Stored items

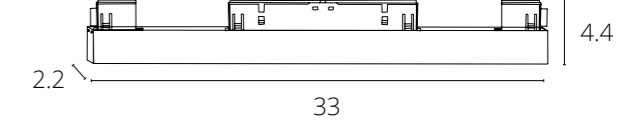

LINEA

A4634PL-1WH	Белый	LED 15W	1100 Lm	4000 K
A4634PL-1BK	Черный	LED 15W	1100 Lm	4000 K
A4644PL-1WH	Белый	LED 15W	1100 Lm	3000 K
A4644PL-1BK	Черный	LED 15W	1100 Lm	3000 K

LINEA

A4635PL-1WH	Белый	LED 20W	1700 Lm	4000 K
A4635PL-1BK	Черный	LED 20W	1700 Lm	4000 K
A4645PL-1WH	Белый	LED 20W	1700 Lm	3000 K
A4645PL-1BK	Черный	LED 20W	1700 Lm	3000 K

LINEA 2.0

A4664PL-1WH	Белый	LED 12W	1100 Lm	4000 K
A4664PL-1BK	Черный	LED 12W	1100 LM	4000 K
A4674PL-1WH	Белый	LED 12W	1100 LM	3000 K
A4674PL-1BK	Черный	LED 12W	1100 LM	3000 K

LINEA 2.0

A4665PL-1WH	Белый	LED 18W	1700 Lm	4000 K
A4665PL-1BK	Черный	LED 18W	1700 Lm	4000 K
A4675PL-1WH	Белый	LED 18W	1700 Lm	3000 K
A4675PL-1BK	Черный	LED 18W	1700 Lm	3000 K

LINEA 2.0 с управлением

A4684PL-1BK	Черный	LED 12W	0/1-10V	1100 Lm	4000 K
A4694PL-1WH	Белый	LED 12W	Smart Life®	max 1000 Lm	2700-6000 K
A4694PL-1BK	Черный	LED 12W	Smart Life®	max 1000 Lm	2700-6000 K

LINEA 2.0 с управлением

A4685PL-1BK	Черный	LED 18W	0/1-10V	1700 Lm	4000 K
A4695PL-1WH	Белый	LED 18W	Smart Life®	max 1600 Lm	2700-6000 K
A4695PL-1BK	Черный	LED 18W	Smart Life®	max 1600 Lm	2700-6000 K

App Smart Life®

App Smart Life®

*Aim of the task*
Which lines above hold the string "Белый"? Copy each of them.

*Response to this task*
A4634PL-1WH	Белый	LED 15W	1100 Lm	4000 K
A4644PL-1WH	Белый	LED 15W	1100 Lm	3000 K
A4635PL-1WH	Белый	LED 20W	1700 Lm	4000 K
A4645PL-1WH	Белый	LED 20W	1700 Lm	3000 K
A4664PL-1WH	Белый	LED 12W	1100 Lm	4000 K
A4674PL-1WH	Белый	LED 12W	1100 LM	3000 K
A4665PL-1WH	Белый	LED 18W	1700 Lm	4000 K
A4675PL-1WH	Белый	LED 18W	1700 Lm	3000 K
A4694PL-1WH	Белый	LED 12W	Smart Life®	max 1000 Lm	2700-6000 K
A4695PL-1WH	Белый	LED 18W	Smart Life®	max 1600 Lm	2700-6000 K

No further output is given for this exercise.